Hobbit

The word hobbit sprang without warning into Tolkien’s mind while he was grading exams. He simply found himself writing on the back of an exam page, “In a hole in the ground there lived a hobbit”. He didn’t know what a hobbit was, or what kind of hole it lived in… But he found the answers as he was weaving bedtime stories for his children — the stories that would, of course, be written down as The Hobbit.

Why did it come into Tolkien’s head? One possible source is the word rabbit. Tolkien vehemently denied that hobbits had anything to do with rabbits, although Bilbo Baggins is called a “rabbit” multiple times in the book. Many years after The Hobbit was written, Tolkien developed a fictional etymology for it: hobbit was a worn-down form of Old English hol-bytla, “hole-builder”. Perhaps Tolkien, a scholar of Old English, subconsciously had this in mind from the beginning. Another possible source is a mention of hobbits in long list of earth-spirits compiled by a 19th-century writer, a list which Tolkien may possibly have read and then forgotten about. In any case, other possibilities are (1) a word hobbe in Middle English which meant something like “small sprite” or “changeling”, and which Tolkien was probably aware of on some level, and (2) Hob, a nickname for Robin Goodfellow, a forest spirit.

It seems almost as if the syllable hob has always been there, floating around in the collective unconscious of English speakers, and has emerged at various times and places under the pen of various authors who happened to “hear” it.

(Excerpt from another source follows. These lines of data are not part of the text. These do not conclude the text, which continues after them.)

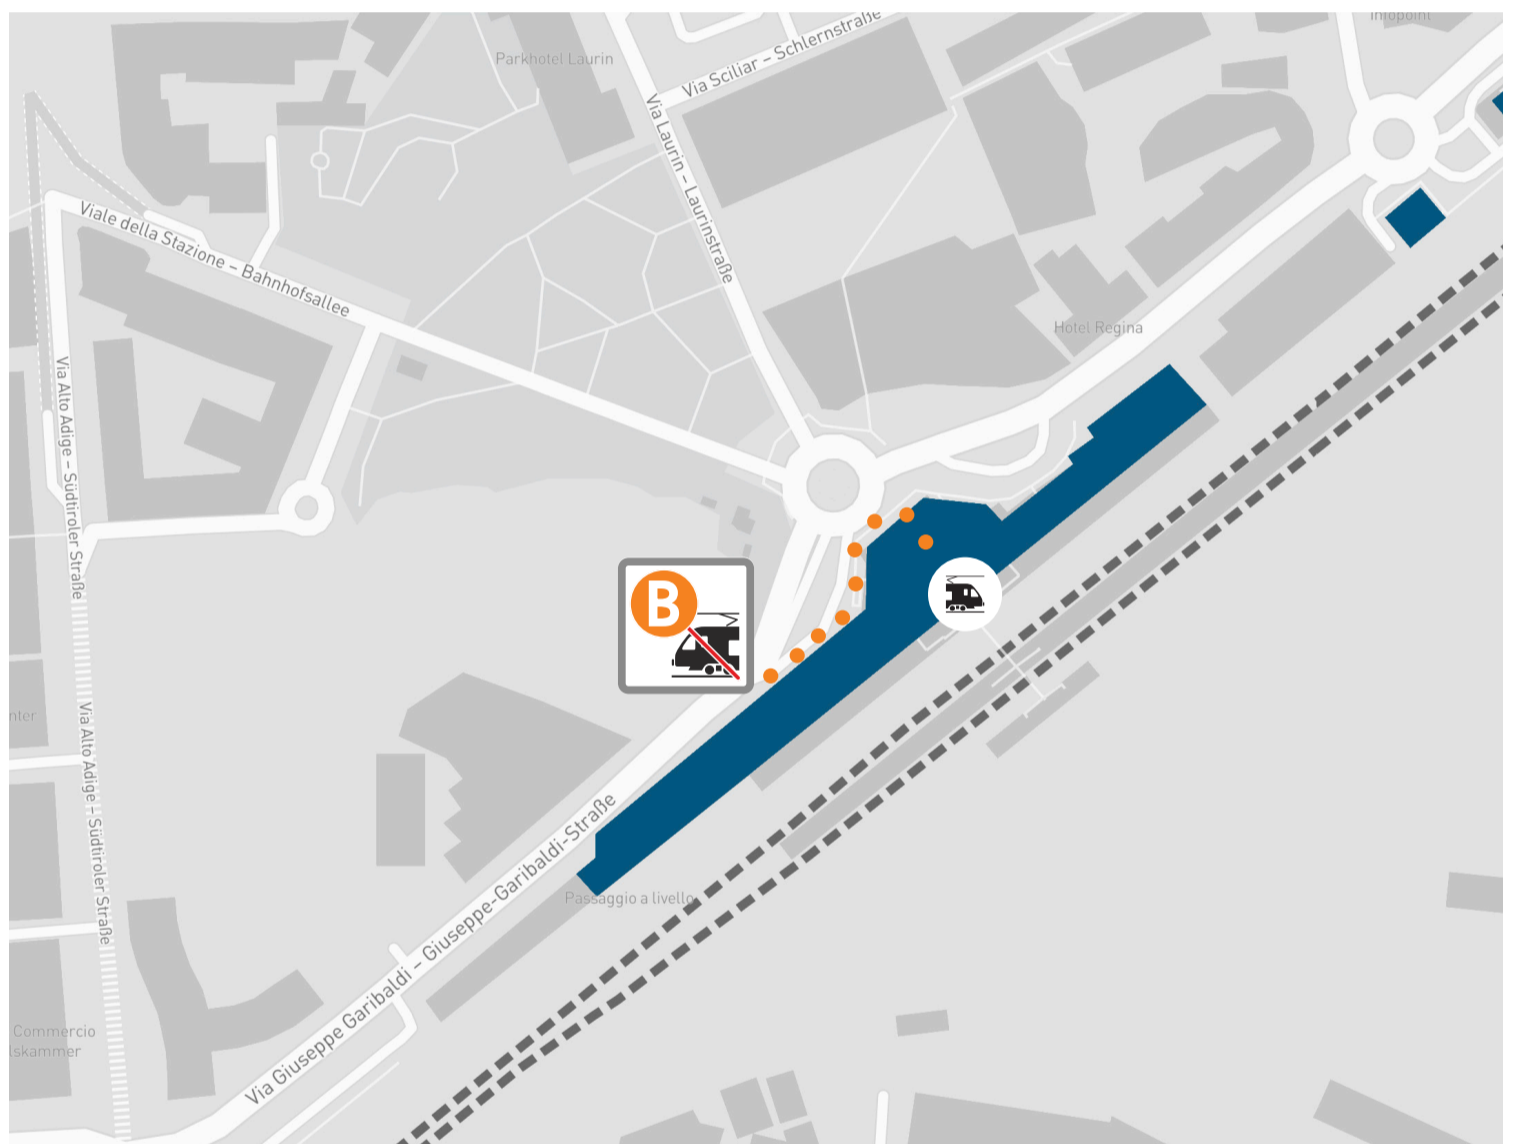

B200

Bahnhof Bozen Stazione di Bolzano

Haltestelle Schienen-Ersatzdienst

Bushaltestelle „Bahnhof Bozen, Bussteig A“, Garibaldi-Straße (Fußweg 80 m)

Fermata servizio sostitutivo

Fermata autobus „Stazione di Bolzano, banchina A“ in Via Garibaldi (percorso pedonale 80 m)

B200

Bahnhof Sigmundskron Stazione di Ponte d'Adige

Haltestelle Schienen-Ersatzdienst

Bushaltestelle „Bahnhof Sigmundskron“ am Parkplatz (Fußweg 50 m)

Fermata servizio sostitutivo

Fermata autobus „Stazione di Ponte Adige“ al parcheggio
(percorso pedonale 50 m)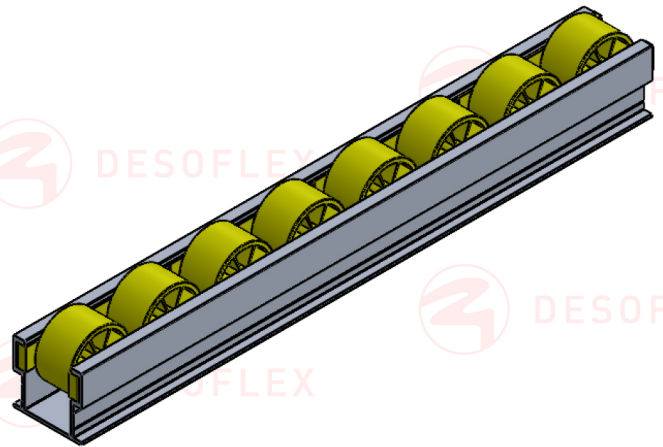

Categoría:

RIELES

Descripción:

Compatible:

- Soportes metálicos de riel: EF2044C, EF2044D, EF2044DW, EF2044EE, EF2044P, EF2044EF, EF2044DF, EF2044CF, EF2044U, EF2044C40, EF2044D40, EF2044DW40
- Guías para rieles: JY2080, JY2080A, JY2090

Especificaciones:

Riel de Aluminio de 40mm con rueda amarilla.

Material de la rueda: PE.

Capacidad 70kg/mt.

Tramo de 4 metros.

Temperatura máxima 85° C.

DESOFLEX

EF20482Y

Dimensiones Generales

Dimensiones en Centímetros

Modo de Empleo

Peso del Producto:

3.15 Kg.

Material

Aluminio

Color

Plateado con rueda amarilla

F.T. 24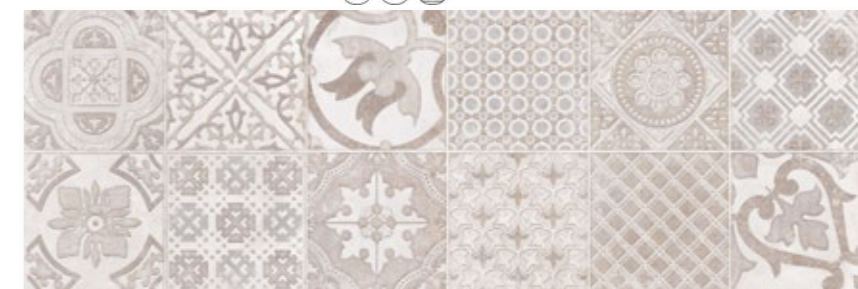

PORTO

PORTO LIGHT GREY  

250X750 NR: MAO22W17200C

PORTO VETRO GREY DEC   

250X750 NR: MEZ19D17200C

PORTO GREY  

250X750 NR: MAO19W17200C

 **AVAILABLE MOSAIC SIZE:**

300x300: 300 x 300 X 8.5 mm | 11.8 x 11.8 x 0.33 inch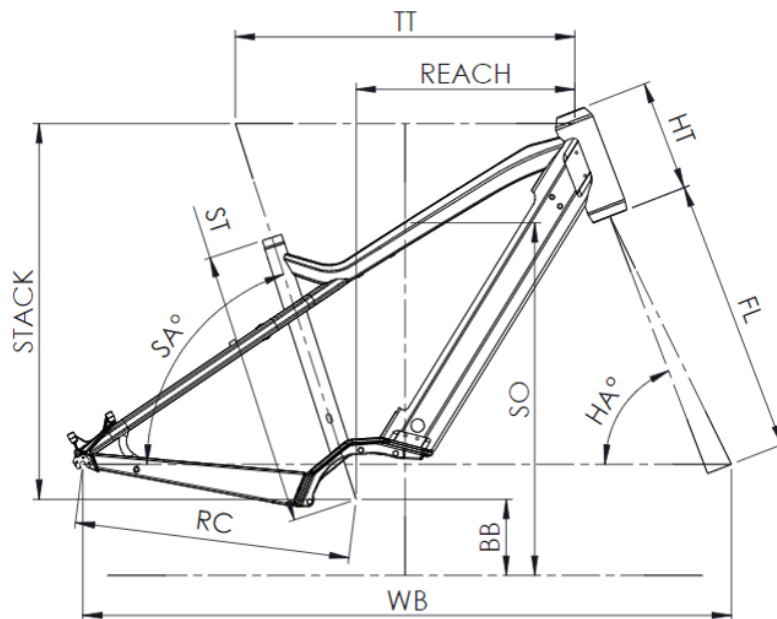

GEWICHT

27.2kg

RAHMENGRÖSSEN

S (1,55 - 1,70m) M (1,68 - 1,83m) L (1,80 - 1,95m) XL (1,90 - 2,05m)

FARBE

metallisch dunkelgrün mat

BEDINGUNGEN

maximale Entfernung, berechnet für einen 70-kg-Fahrer unter idealen Bedingungen. Berechnen Sie Ihre E-Bike-Reichweite .

BOSCH CONNECT MODULE (BCM)

Bosch Connect Module (BCM) mit eBike Alarm funktion, GPS tracking

Scannen, um dieses Fahrrad online zu finden

MOUSTACHE

SAMEDI 28.7

ST - TAILLE / SIZE	mm	420 (S)	470 (M)	530 (L)	580 (XL)
Taille utilisateur / User size	m	1,55 - 1,70	1,68 - 1,83	1,80 - 1,95	1,90 - 2,05
TT - Tube supérieur / Top tube	mm	560	585	610	635
RC - Bases / Rear center	mm	475	475	475	475
HT - Douille de direction / Headtube	mm	170	170	170	190
WB - Empattement / Wheelbase	mm	1106	1121	1147	1173
FL - Longueur de fourche / Fork length	mm	477	477	477	477
BB - Hauteur de boîtier / BB height	mm	305	305	305	305
SA - Angle de selle / Seat angle	°	71,5	71,5	71,5	71,5
HA - Angle de direction / Head angle	°	67,7	68,5	68,5	68,5
Reach	mm	347	371	396	415
Stack	mm	644	644	644	644
SO - Enjambement / Standover	mm	770	774	782	786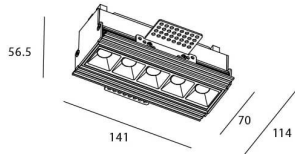

STAR-T Smart

Downlight Lavov de la familia STAR con una potencia de 10W, CRI>90 y un haz de 30 grados. Fabricado en aluminio inyectado a presión acabado en color Blanco. Flujo real de 540lm. Eficacia luminosa de 54lm/W DIMABLE WIRELESS.

Código artículo	86.DS30.2429.01
Tipo de producto	Indoor
Categoría	Downlights
Familia	STAR
Subfamilia	STAR-T Smart
Pictograms	

Esquema

Producto	
Potencia real (W)	10
Flujo luminoso real (lm)	540
Eficacia luminosa (lm/W)	54
Ángulo de apertura	30
Life time (h)	50000 h L80B10
IP	20
Electrical class insulation	Clase II
Color	blanco
Equipo	DALI+wireless Casambi
Flicker Free	Si
Light source	LED
Type of LED	SMD
Temperatura de color (K)	4000
Consistencia de color (SDCM)	SDCM<3
CRI	80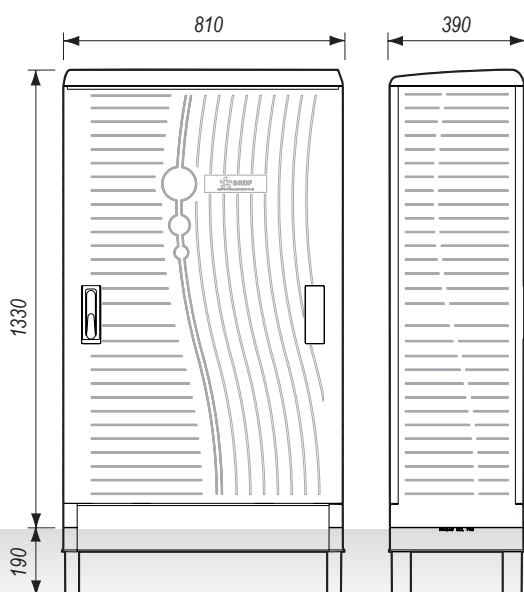

- Serrure 1/4 de tour à fermeture 3 points.
- Poignée escamotable et cadénassable.
- Charnières invisibles.

Fixations

- Scellé au sol.
- En applique sur massif béton.

Dimensions utiles (HxLxP) : 1220x765x320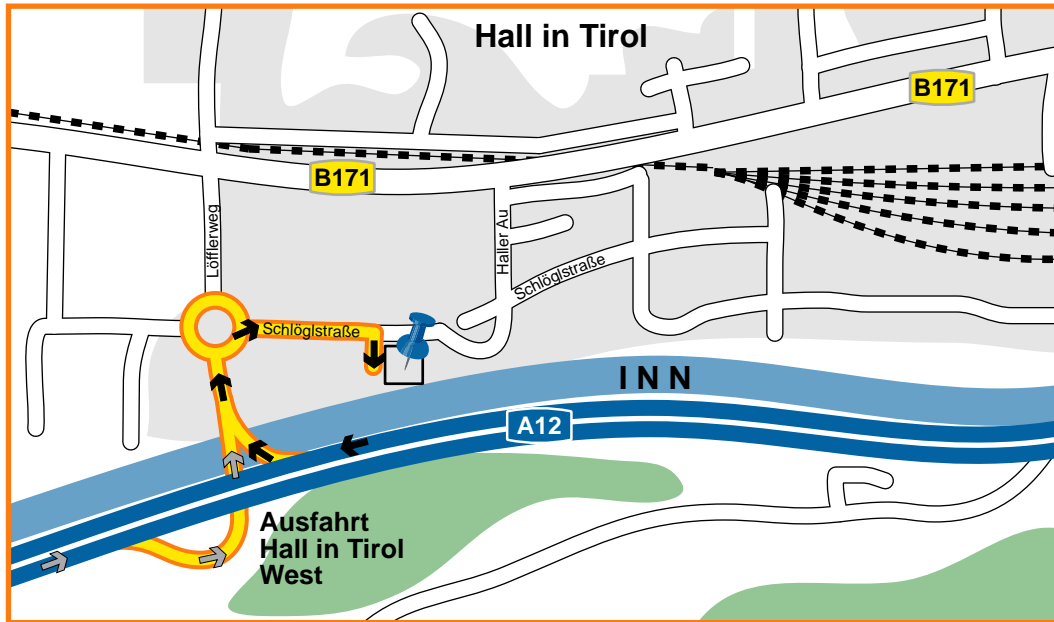

Herzlich Willkommen bei DACHSER in Hall in Tirol!

1. Aus Richtung München über die A12:

- Die A12 an der Ausfahrt Hall in Tirol West verlassen
- Am Kreisverkehr rechts abbiegen
- Bei erster Gelegenheit rechts abbiegen
- Sie erreichen DACHSER Hall in Tirol

2. Aus Richtung Brenner über die A12:

- Die A12 an der Ausfahrt Hall in Tirol West verlassen
- Am Kreisverkehr rechts abbiegen
- Bei erster Gelegenheit rechts abbiegen
- Sie erreichen DACHSER Hall in Tirol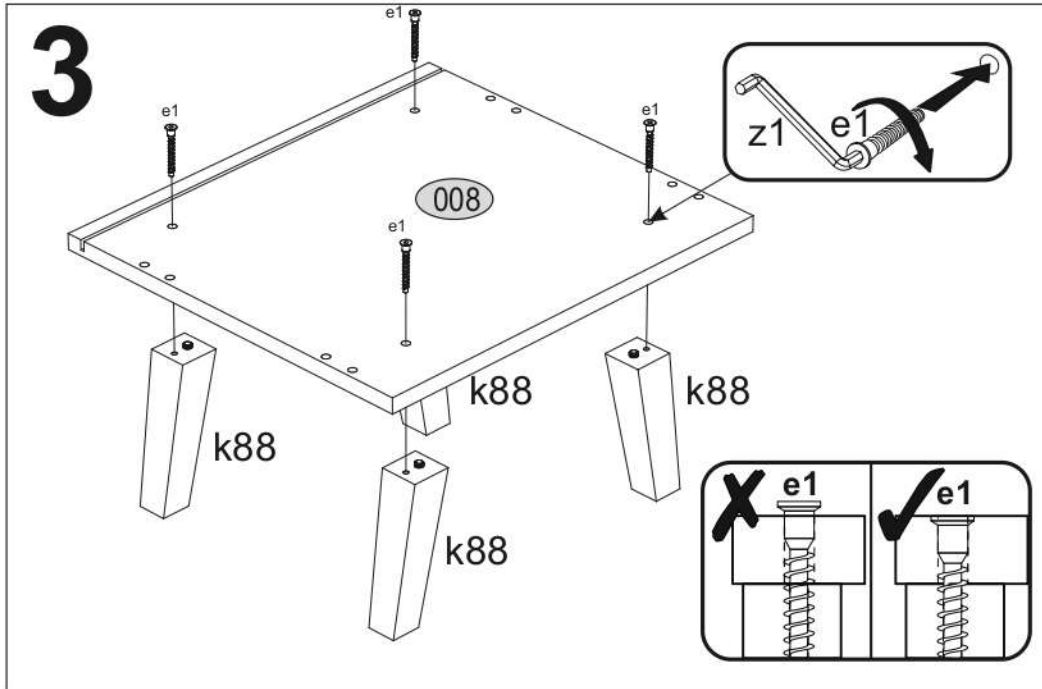

NEPU 3S

KÓD	ROZMĚR			BALÍČEK	
001	1788	380	16	1	2/2
002	1788	380	16	1	2/2
003	445	400	16	1	2/2
004	440	206	16	3	2/2
005	354	120	16	3	1/2
006	350	120	16	3	1/2
007	350	120	16	3	1/2
008	445	400	16	1	2/2
009	411	357	16	1	1/2
010	411	357	16	3	1/2
011	1806	429	3	1	2/2
012	352	372	3	3	2/2
PŘÍSLUŠENSTVÍ				2	1/2

x3 c43 	x12 d18 	x18 e1 <i>Ø7x50mm</i> 	x18 s1 
x40 f1 <i>Ø8x30mm</i> 	x1 f3 	x10 l2 	x3 lb-350 
x1 n14 	x1 p17 	x48 p25 	x6 p38 
x10 r1 	x10 r16 	x10 s2 	x1 z1 
x4 k88 			

1

2

7

8

9

10

11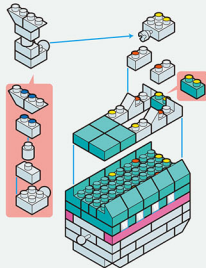

難易度ふつう

キッズブロック

E5系 はやぶさ

対象年齢
6歳以上5歳から10歳まで
中間車両新しい
整備アイテム

×1pc

新しい
ブロック
軸なし
リムカバー車輪付きブロックは
先に作っておこう！

×2

※ ●と●どうし、●と●どうし、●と●どうしをつなげてください。□は車輪付きブロックです。

※ 準備用に少し多めに入っているパーツもあります。

かんせい
完成！先頭車両や中間車両と
つなげて遊べるよ！

中間車両

先頭車両

中間車両

中間車両

つなげて
あそぼう！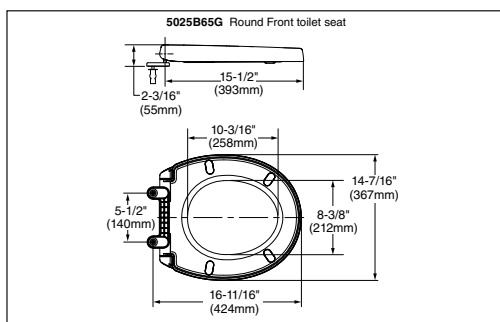

5025A65G.020 Blanco ○

$1,539

Asiento de cierre lento **Boulevard**

- Asiento elongado
- Diseño ergonómico
- Frente cerrado
- Exclusivo sistema de cierre lento que lo hace silencioso y seguro
- Telescópico: la tapa cubre completamente al asiento cuando está cerrado
- Sistema Easy Lift: el asiento puede ser removido presionando ambos botones, permite una fácil extracción y re inserción sin necesidad de herramientas
- Hecho de plástico de alta resistencia
- Superficie antimicrobial EverClean®

5350110.020 Blanco ○

$959

Asiento de cierre lento **Cadet**

- Asiento elongado 100% polipropileno virgen
- Diseño ergonómico
- Frente cerrado
- Exclusivo sistema de cierre lento que lo hace silencioso y seguro
- Telescópico: la tapa cubre completamente al asiento cuando está cerrado
- Incluye tuercas y bisagras
- Superficie antimicrobial EverClean®

Phonosemantically, hobbits are destined for the earth-shaking role they play in the story of Middle-Earth. The “h” at the beginning is the home, the hearth, love of which is in the heart of every hobbit. The short “o” signifies their character, which is not only steadfast but deeply connected to the Source, as is shown by their resistance to external influence and magic of all sorts. But the primary syllable ends with the “b” of breakouts, sudden emergence, and surprise — and a recurring theme in Tolkien’s work is how surprising hobbits are to other races in Middle Earth, despite (or perhaps because of) their simple earthiness. The final “it” is a light, tense movement along a path; so overall the name suggests energy that has its roots deep in home and hearth, but has burst out and set to wandering.